Only the lines from the top of the listing below to the line that has "Informacja o: tramwaj" should be echoed, with both ends kept and pictures left out.

Dataset START

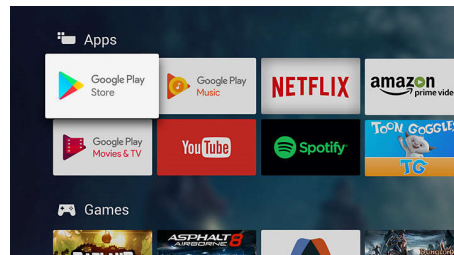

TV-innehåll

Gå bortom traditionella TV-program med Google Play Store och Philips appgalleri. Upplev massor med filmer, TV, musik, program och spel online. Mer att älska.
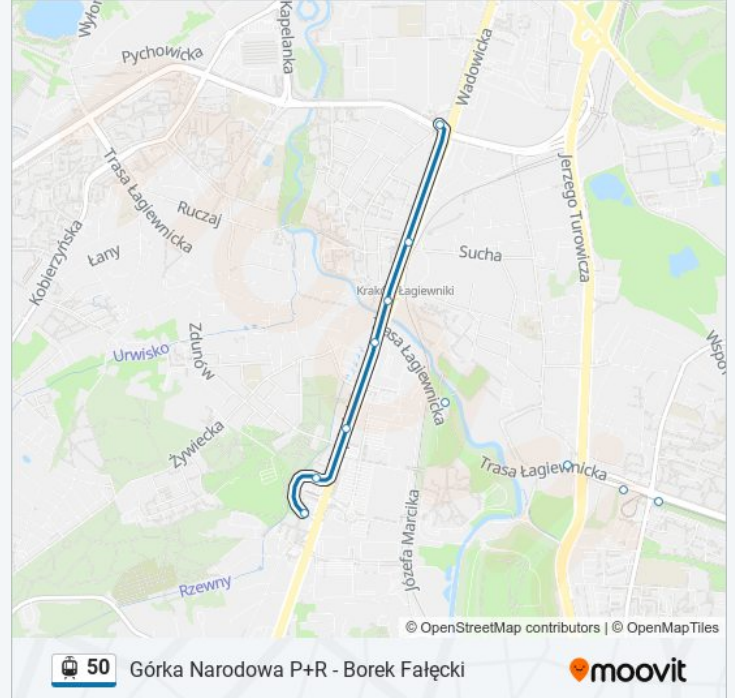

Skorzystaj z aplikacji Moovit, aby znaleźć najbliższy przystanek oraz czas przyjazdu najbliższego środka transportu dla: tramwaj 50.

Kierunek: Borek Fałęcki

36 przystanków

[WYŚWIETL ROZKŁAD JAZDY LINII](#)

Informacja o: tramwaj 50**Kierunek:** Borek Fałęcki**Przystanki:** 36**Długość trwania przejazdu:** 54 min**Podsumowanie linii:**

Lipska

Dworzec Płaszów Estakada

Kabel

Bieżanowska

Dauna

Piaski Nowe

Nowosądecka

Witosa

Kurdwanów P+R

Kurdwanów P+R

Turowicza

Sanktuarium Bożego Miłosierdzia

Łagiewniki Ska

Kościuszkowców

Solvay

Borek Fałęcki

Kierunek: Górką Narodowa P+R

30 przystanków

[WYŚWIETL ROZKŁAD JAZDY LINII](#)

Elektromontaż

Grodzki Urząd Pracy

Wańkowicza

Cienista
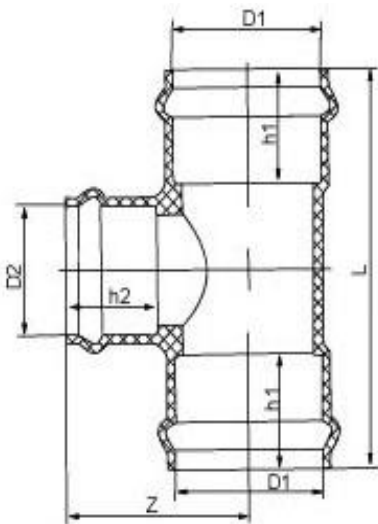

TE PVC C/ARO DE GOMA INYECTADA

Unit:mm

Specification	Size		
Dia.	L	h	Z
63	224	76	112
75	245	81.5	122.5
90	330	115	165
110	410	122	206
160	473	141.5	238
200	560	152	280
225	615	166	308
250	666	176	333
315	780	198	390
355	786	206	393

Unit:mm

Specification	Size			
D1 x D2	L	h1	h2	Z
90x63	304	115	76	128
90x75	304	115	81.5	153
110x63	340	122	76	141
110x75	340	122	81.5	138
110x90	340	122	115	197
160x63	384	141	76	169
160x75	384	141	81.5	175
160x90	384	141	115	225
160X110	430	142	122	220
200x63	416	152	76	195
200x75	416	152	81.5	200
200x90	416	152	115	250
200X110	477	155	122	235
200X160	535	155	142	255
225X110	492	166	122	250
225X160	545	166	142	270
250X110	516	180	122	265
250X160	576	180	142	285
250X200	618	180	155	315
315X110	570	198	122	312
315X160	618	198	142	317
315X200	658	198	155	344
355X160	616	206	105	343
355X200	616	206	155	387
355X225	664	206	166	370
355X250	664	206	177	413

Dataset END

## Solution to this problem:
TV-innehåll

Gå bortom traditionella TV-program med Google Play Store och Philips appgalleri. Upplev massor med filmer, TV, musik, program och spel online. Mer att älska.

Skorzystaj z aplikacji Moovit, aby znaleźć najbliższy przystanek oraz czas przyjazdu najbliższego środka transportu dla: tramwaj 50.

Kierunek: Borek Fałęcki

36 przystanków

[WYŚWIETL ROZKŁAD JAZDY LINII](#)

Informacja o: tramwaj 50**Kierunek:** Borek Fałęcki**Przystanki:** 36**Długość trwania przejazdu:** 54 min**Podsumowanie linii:**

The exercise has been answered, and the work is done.